1. API Server (app/main.py)

FastAPI application serving REST and WebSocket endpoints. Decoupled from PV monitoring for fast startup and fault isolation.

Startup Sequence:

  1. Initialize EPICS service (for direct reads during snapshot restore)
  2. Connect to Redis (used for reading cached values)
  3. Start WebSocket DiffManager (subscribes to Redis pub/sub)

Key Features:

  • Sub-second startup time (no PV subscription blocking)
  • Horizontally scalable behind load balancer
  • Crash-isolated from EPICS/aioca issues

2. PV Monitor (app/monitor_main.py)

Dedicated process for EPICS PV monitoring.
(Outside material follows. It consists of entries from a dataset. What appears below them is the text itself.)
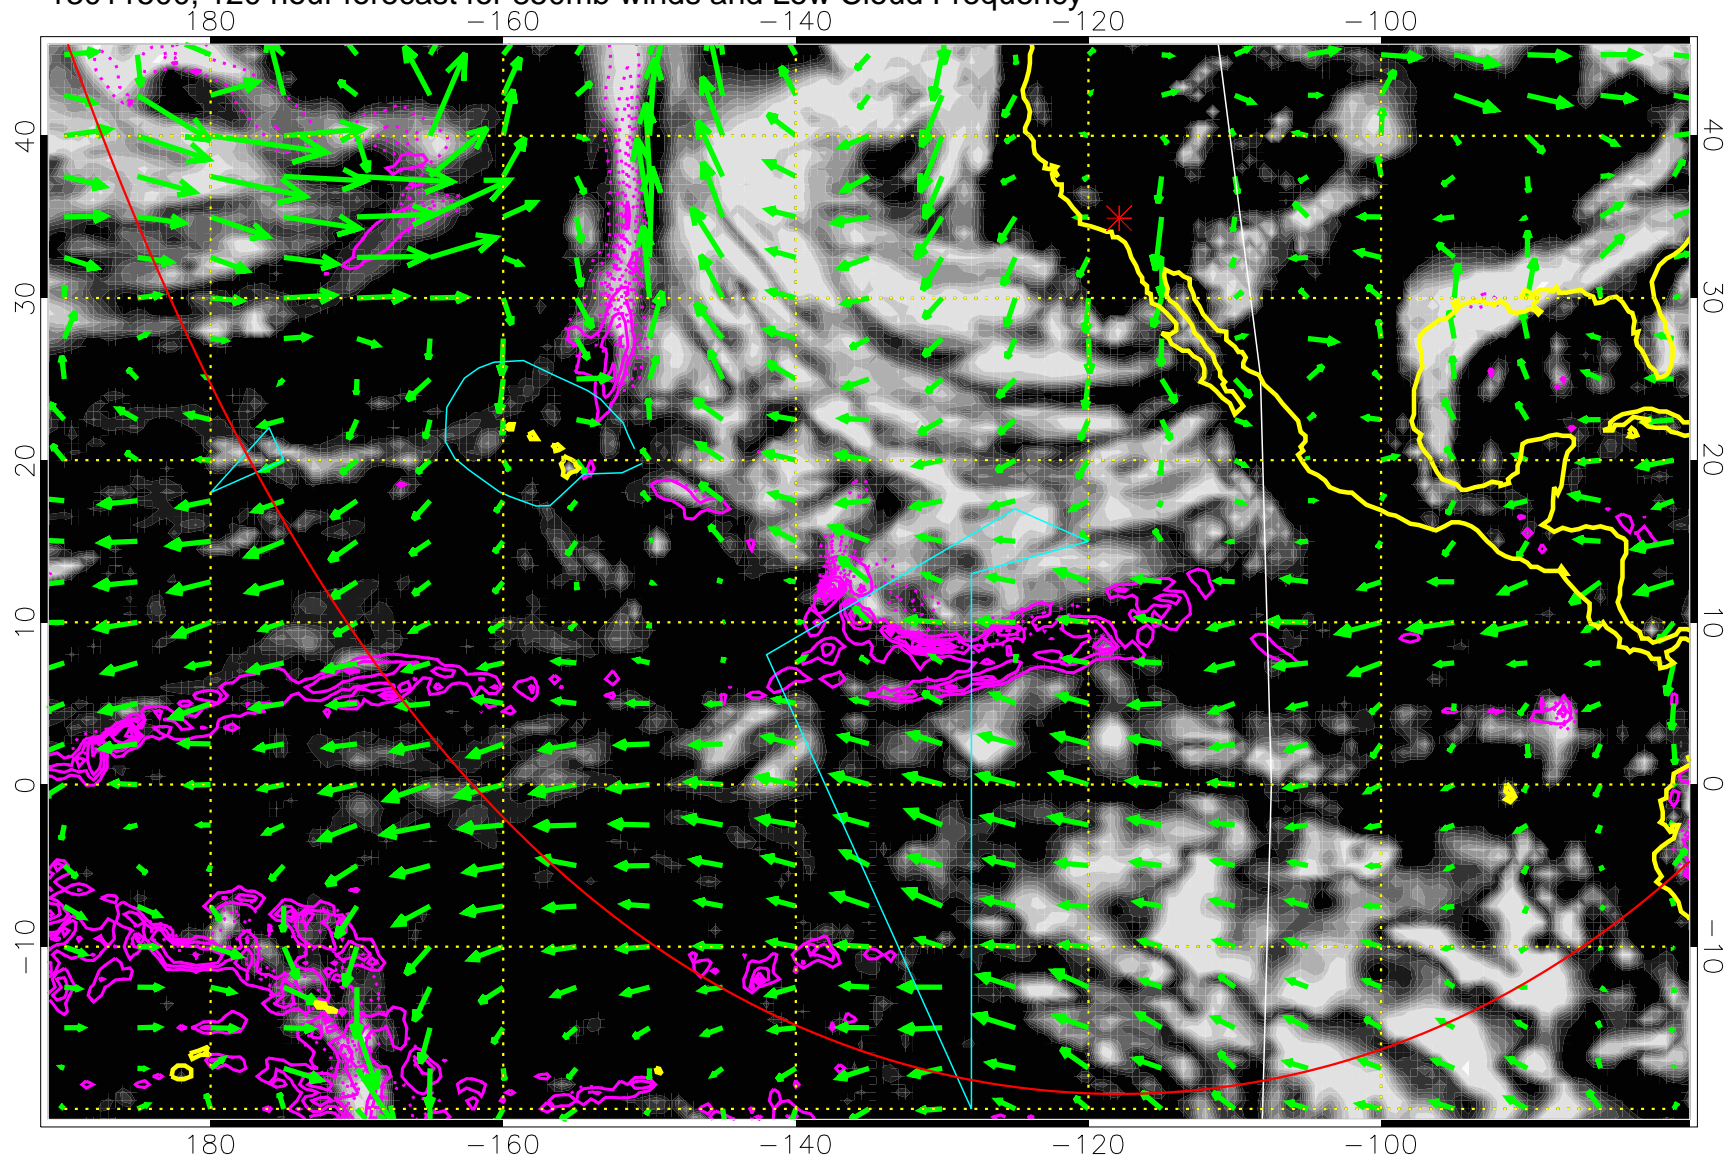

Precip (tot dot, conv sol) past 6 hrs 6 kg/m2 contours, min 4

→ 30 m/s

Range ring of 6000 km -- 19 hours GH round trip

13011418, 114 hour forecast for 850mb winds and Low Cloud Frequency

Precip (tot dot, conv sol) past 6 hrs 6 kg/m² contours, min 4

→ 30 m/s

Range ring of 6000 km -- 19 hours GH round trip

13011500, 120 hour forecast for 850mb winds and Low Cloud Frequency

Precip (tot dot, conv sol) past 6 hrs 6 kg/m2 contours, min 4

→ 30 m/s

Range ring of 6000 km -- 19 hours GH round trip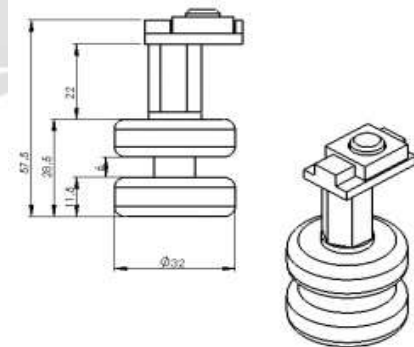

Code	Pcs Price	Color Option
kh-3045	56,25 \$	Aluminum

Outer body: Aluminum
Size: Decorative
Lamp Wolt: 450 W
Box Quantity:1

Glass Balcony Wheel

Code	Pcs Price	Color Option
e-1010	3,19 \$	Gray

Gold Series Wheel (Plastic) Flat / Glass Balcony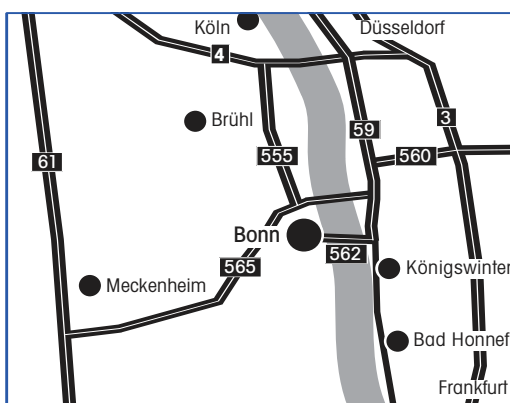

How to get there:

Arrival by coach or car from north, south or east:

A3 to Bonn/Siegburg motorway intersection
 take A560 in the direction of Bonn as far as Sankt Augustin
 three-way junction
 take to A565 in the direction of Bonn/Koblenz as far as
 Bonn-Hardtberg/Röttgen exit
 turn left after the exit and go downhill as far as the lights,
 there turn right (Provinzialstraße) and follow the road
 (Reichsstraße)
 at the edge of suburb Röttgen turn left into Röttgener Str.
 follow the road to the first street coming in from the right turn
 right there and immediately right again at a sharp angle into
 Gudenuer Weg. Caution: speed limit 30 km/h
 follow Gudenuer Weg to Spreestraße intersection
 turn second left into Spreestraße
 at the end of Spreestraße turn left into Haager Weg
 after approx. 800 m the youth hostel is on your left

GPS coordinates:

N 50° 41' 58,32" E 7° 5' 29,91"

Arrival from Cologne:

At Kölner Ring take A555 as far as Bonn-Nord motorway intersection
 take A565 in the direction Bonn/Koblenz
 continue as under coach or car from the north, south or east

Arrival from the west:

A61 as far as Meckenheim motorway intersection
 change to A565 in the direction of Bonn/Koblenz as far as Bonn-Hardtberg/
 Röttgen exit
 turn right after the exit and go downhill as far as the lights, turn right at
 the lights (Provinzialstraße) and follow the road (Reichsstraße)
 continue as under coach or car from the north, south or east

Arrival by public transport:

Opposite the Main Railway Station is the Central Bus Station
 from here take bus no. 600 from platform A1 to Ippendorf and get off at
 "Jugendherberge" stop
 in direction of the traffic 15m right, after 50m on left hand

Runs as a single instance with leader election.

Responsibilities:

  • Subscribe to all PVs via aioca monitors
  • Update Redis cache with PV values
  • Publish updates to Redis pub/sub
  • Run Watchdog for health checks

Leader Election:

  • Uses Redis lock (squirrel:monitor:lock) with TTL
  • Prevents duplicate monitoring in multi-instance deployments
  • Auto-recovers if leader dies

3. Arq Worker (app/worker.py)

Background task processor using Redis-backed Arq queue.

Features:

  • Job persistence across restarts
  • Automatic retries with exponential backoff
  • Scalable (can run multiple workers)
  • 10-minute job timeout

Tasks:

  • create_snapshot_task - Create snapshots from cache or EPICS
  • restore_snapshot_task - Restore snapshot values to EPICS

4. Configuration (app/config.py)

Pydantic-Settings with environment variable support (prefix: SQUIRREL_):

Category Key Settings
Database database_url, database_pool_size (30), database_max_overflow (20)
EPICS epics_ca_timeout (10s), epics_ca_conn_timeout (5s), epics_chunk_size (1000)
Redis redis_url, redis_pv_cache_ttl (60s)
PV Monitor pv_monitor_batch_size (500), pv_monitor_batch_delay_ms (100)
Watchdog watchdog_check_interval (60s), watchdog_stale_threshold (300s)
WebSocket websocket_batch_interval_ms (100)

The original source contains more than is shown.